Голос Рубакина опять зазвенел на самой высокой ноте:
— Да ты что, Федя, спятил, что ли?.. Ведь по Марине-то все бабы равняются! Если она не вышла, так другие, точно, дома околачиваются, есть на кого сослаться.
— Да как же не отпустить человека, когда ей, правда, надо! — крикнул и я в ответ. — У нее ребенок, можно ж понять?
Рубакин махнул рукой:
— Говорить с тобой! А ну, пошли к ней!
У Марины по всей комнате разбросано приготовленное к стирке белье. Пол под бельем не виден. И на плите в тазу густо парит. Сама Марина, негромко напевая, с подушек наволочки снимает.
— Марина! Хоть обижайся, хоть как, а придется идти сегодня на работу, — сказал начальник с порога.
— Ну да, идти, — рассмеялась та в ответ. — Ослеп, не видишь? Ребенку, что ли, оставлю все стирать… Или, может, ты сам постираешь?
— Вернешься — сделаешь, — говорит Шура Рубакин. — А сейчас одевайся и выходи в лес. За печкой сторожиха доглядит.

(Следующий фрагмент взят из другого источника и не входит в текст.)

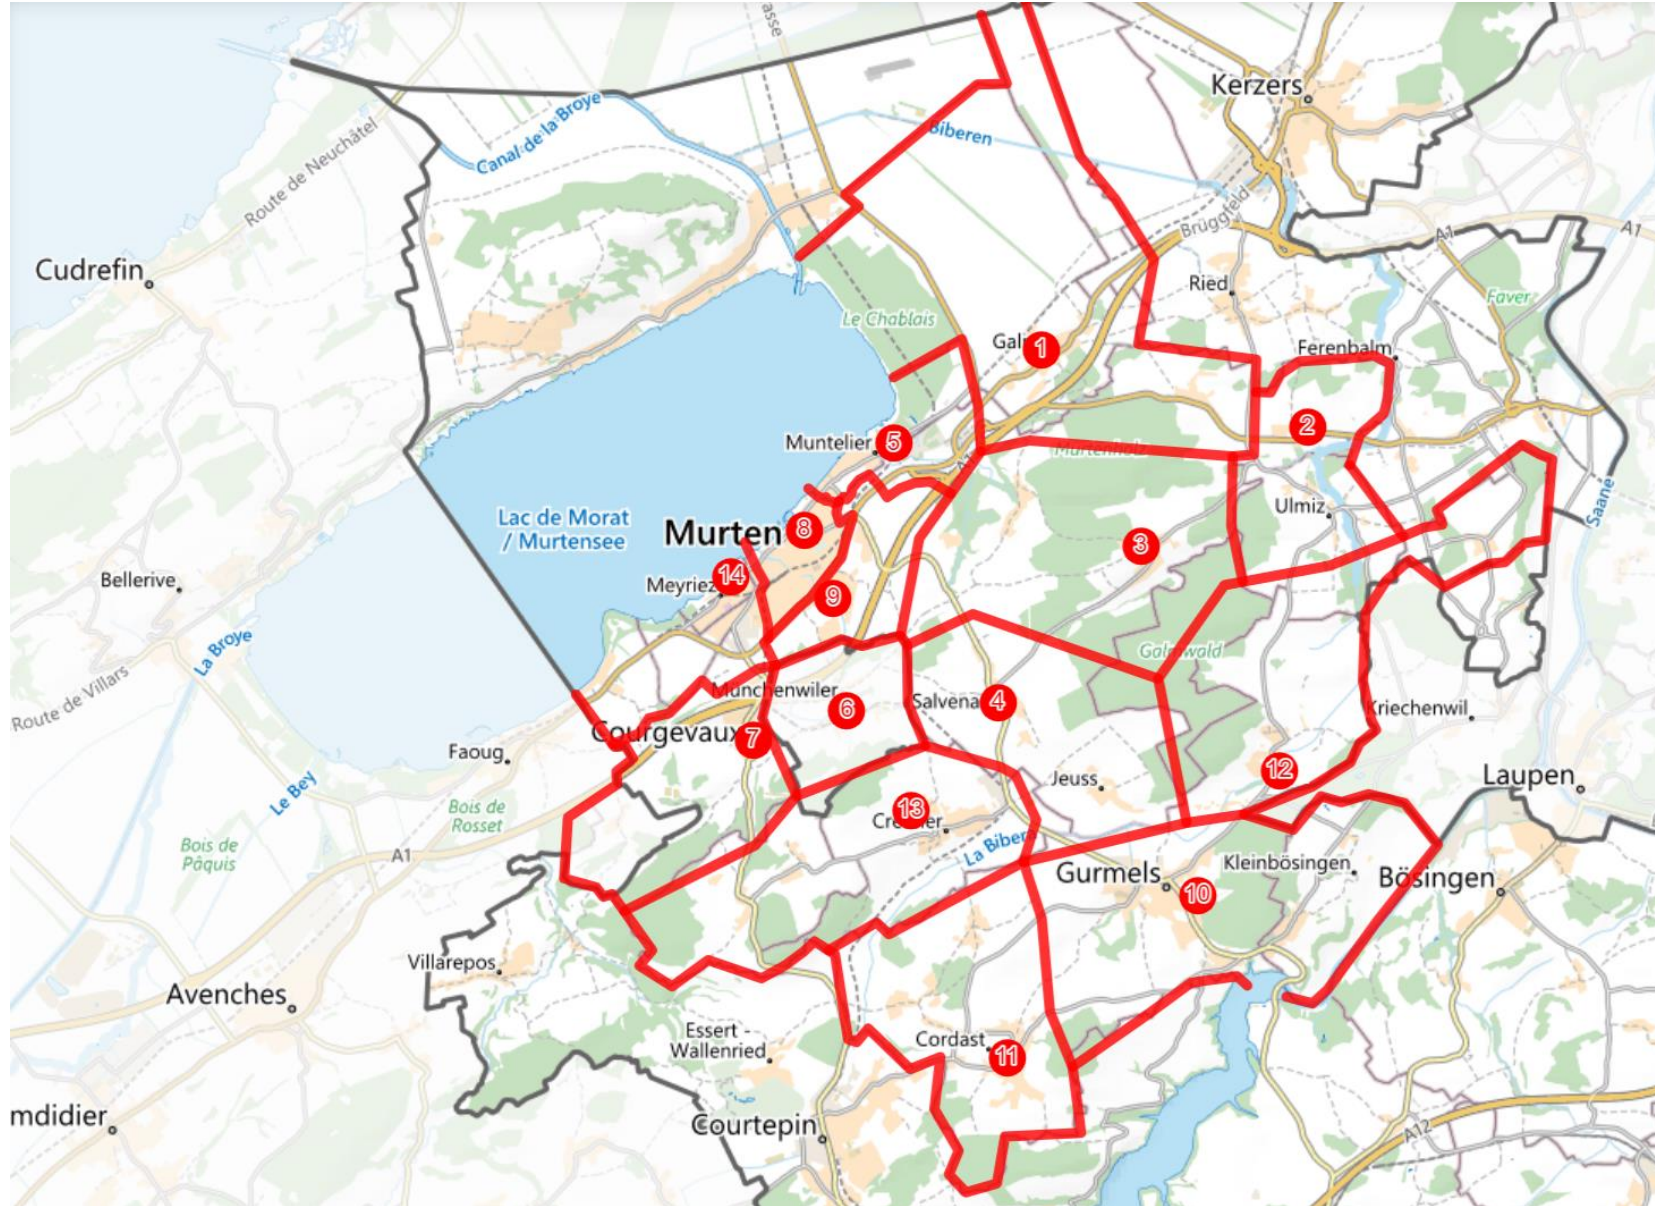

# *Notfalltreffpunkte für die Bevölkerung*

*Ihre Anlaufstelle im Ereignisfall*

Bevölkerungsschutzverband (BSRM) und GFO  
der Region Murten Oktober 2022

# Übersicht Region BSRM

14 Notfalltreffpunkte  
mit Einzugsgebieten

1

1 Schulhaus, Hintere Gasse 37, Galmiz

2 Schulhaus Gempenach, Schoren 19, Gempenach

3 Schulhaus Lurtigen, Altavillastrasse 2, Murten

4

4 Altes Schulhaus Salvenach, Hauptstrasse 81, Murten

5 Pavillon, Hauptstrasse, Muntelier

6

6 Gemeindeverwaltung, Grissachstrasse 30, Münchenwiler

7 Schulhaus, Place de l'école 1, Courgevaux

8 Längmattschulhaus, Längmatt 4, Murten

9 OSRM-Turnhalle, Wilerweg 53 Murten

10 Dreifachturnhalle Gurmels, Sportweg 17a, Gurmels

11

11 Schulhaus Cordast, Dorfstrasse 48, Gurmels

12

12 Schulhaus Liebistorf, Neuhausacker 5, Gurmels

13

13 Mehrzweckhalle, Route du Moos 33, Cressier

14 Chatonnaye, Lausannestrasse 12, Meyriez

— Да не пойду я ни в какой лес! — вспылила Марина, она, руки в боки, остановилась против нас. — Я же вчера отпрашивалась у Феди, загодя предупредила. Так ведь, Федя?
— Да, я говорил об этом Рубакину, — сказал я, сгорая от стыда и злости.
— Ну вот, — облегченно вздохнула Марина, — он тебе, Рубакин, доложился. Так чего ты хочешь? Нет, вы уж промеж себя разбирайтесь, начальнички, кто прав, кто виноват, а меня сегодня не троньте, дайте бабе порядок навесть, грязью заросла по уши и мыла раздобыла кстати, повезло.
— Все равно придется идти, — гнет свое Рубакин. — Сегодня такой день, все должны работать. А то, на тебя глядя, и другие бабы по домам сидят…
— Ну да! Пускай каждый за себя отвечает! — закипятилась Марина. — А я сказала — не пойду, и не пойду!